# Task description
Please give the count of lines below with the string "FOTEL" in them, and no other words.

# Material supplied
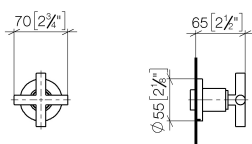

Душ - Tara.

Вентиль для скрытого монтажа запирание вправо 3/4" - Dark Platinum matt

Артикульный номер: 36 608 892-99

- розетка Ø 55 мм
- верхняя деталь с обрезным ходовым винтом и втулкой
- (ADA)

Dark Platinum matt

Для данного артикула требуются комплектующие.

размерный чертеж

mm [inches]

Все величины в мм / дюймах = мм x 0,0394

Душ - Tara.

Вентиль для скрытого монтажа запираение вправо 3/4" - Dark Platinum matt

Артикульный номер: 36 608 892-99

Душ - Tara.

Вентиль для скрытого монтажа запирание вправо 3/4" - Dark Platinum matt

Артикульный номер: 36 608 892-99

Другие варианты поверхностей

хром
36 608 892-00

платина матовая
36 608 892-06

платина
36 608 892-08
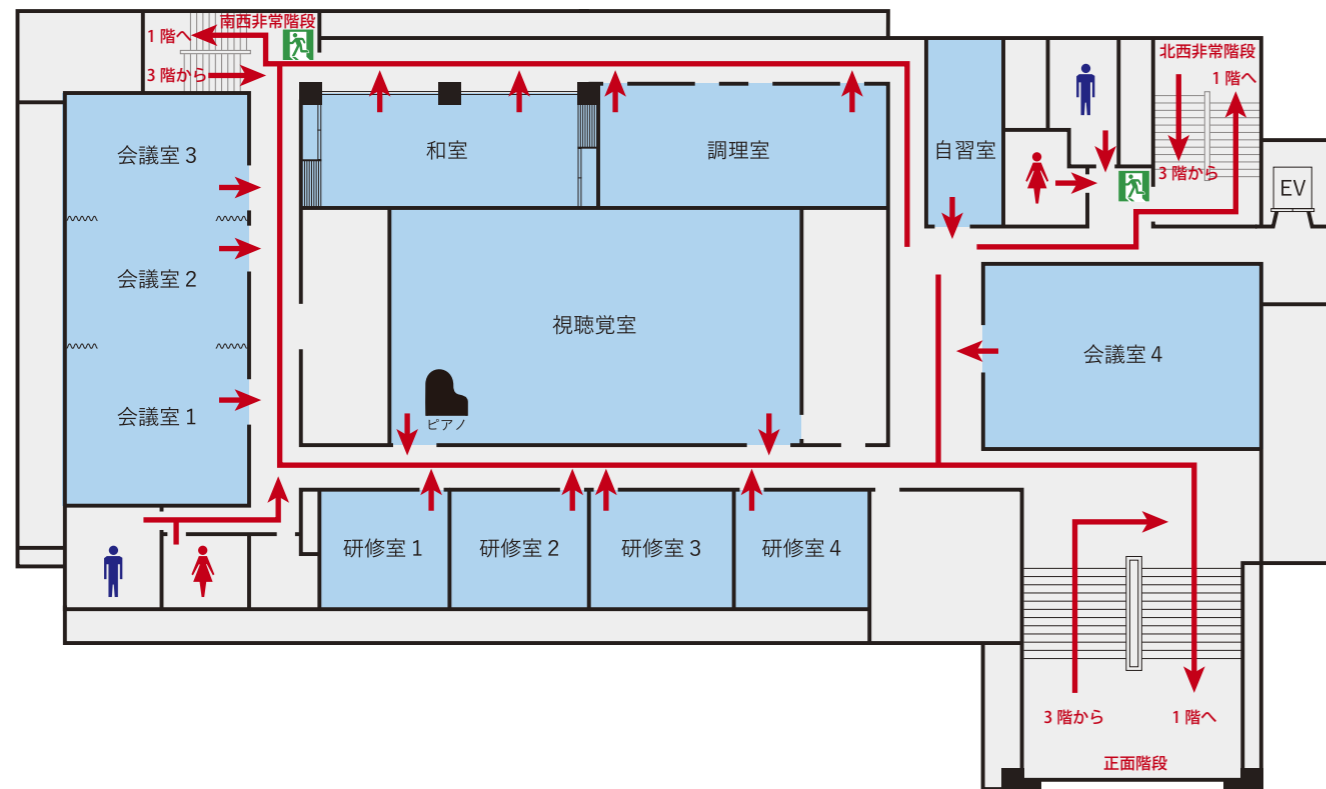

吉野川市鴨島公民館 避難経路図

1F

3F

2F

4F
...
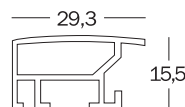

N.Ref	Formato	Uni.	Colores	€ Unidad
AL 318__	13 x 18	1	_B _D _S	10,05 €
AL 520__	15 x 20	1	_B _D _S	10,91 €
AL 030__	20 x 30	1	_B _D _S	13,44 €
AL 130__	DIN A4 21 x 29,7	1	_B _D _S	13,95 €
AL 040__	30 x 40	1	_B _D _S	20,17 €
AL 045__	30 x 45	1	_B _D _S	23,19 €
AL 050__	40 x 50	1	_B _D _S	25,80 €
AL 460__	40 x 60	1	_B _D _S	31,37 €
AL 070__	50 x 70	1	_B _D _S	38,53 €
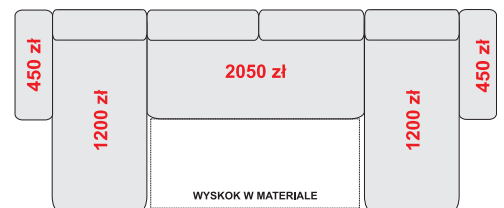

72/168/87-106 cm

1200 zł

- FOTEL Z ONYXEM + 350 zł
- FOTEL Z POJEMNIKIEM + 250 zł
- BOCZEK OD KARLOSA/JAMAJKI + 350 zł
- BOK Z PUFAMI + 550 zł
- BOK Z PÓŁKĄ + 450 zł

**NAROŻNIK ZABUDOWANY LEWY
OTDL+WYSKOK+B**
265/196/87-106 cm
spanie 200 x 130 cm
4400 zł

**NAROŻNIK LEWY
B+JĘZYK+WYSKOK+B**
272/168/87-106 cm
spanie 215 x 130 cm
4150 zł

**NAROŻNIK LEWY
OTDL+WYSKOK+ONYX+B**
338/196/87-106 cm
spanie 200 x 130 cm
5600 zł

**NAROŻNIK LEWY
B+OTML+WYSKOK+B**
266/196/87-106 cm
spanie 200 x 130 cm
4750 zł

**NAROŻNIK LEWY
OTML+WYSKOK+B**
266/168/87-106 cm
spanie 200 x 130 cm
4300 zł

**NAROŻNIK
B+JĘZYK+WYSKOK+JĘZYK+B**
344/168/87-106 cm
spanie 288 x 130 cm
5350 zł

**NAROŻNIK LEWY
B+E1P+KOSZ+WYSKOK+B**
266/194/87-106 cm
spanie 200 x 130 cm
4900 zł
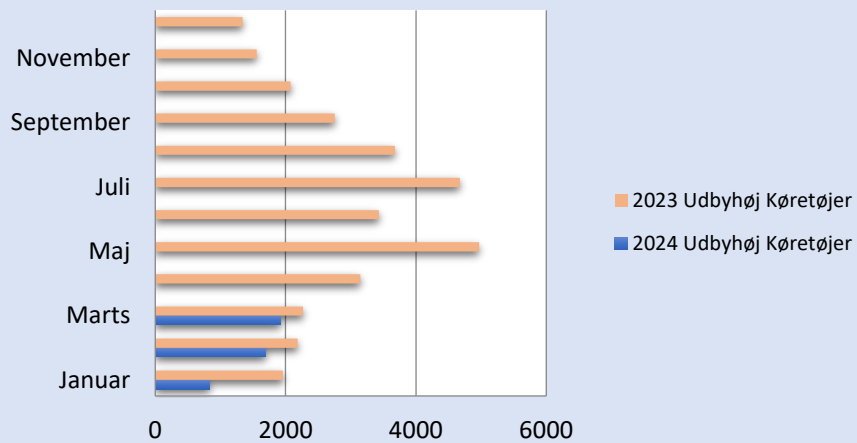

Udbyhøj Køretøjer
* * *
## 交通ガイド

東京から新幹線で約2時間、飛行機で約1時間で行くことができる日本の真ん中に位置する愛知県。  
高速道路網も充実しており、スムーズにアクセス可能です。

# Exercise result
2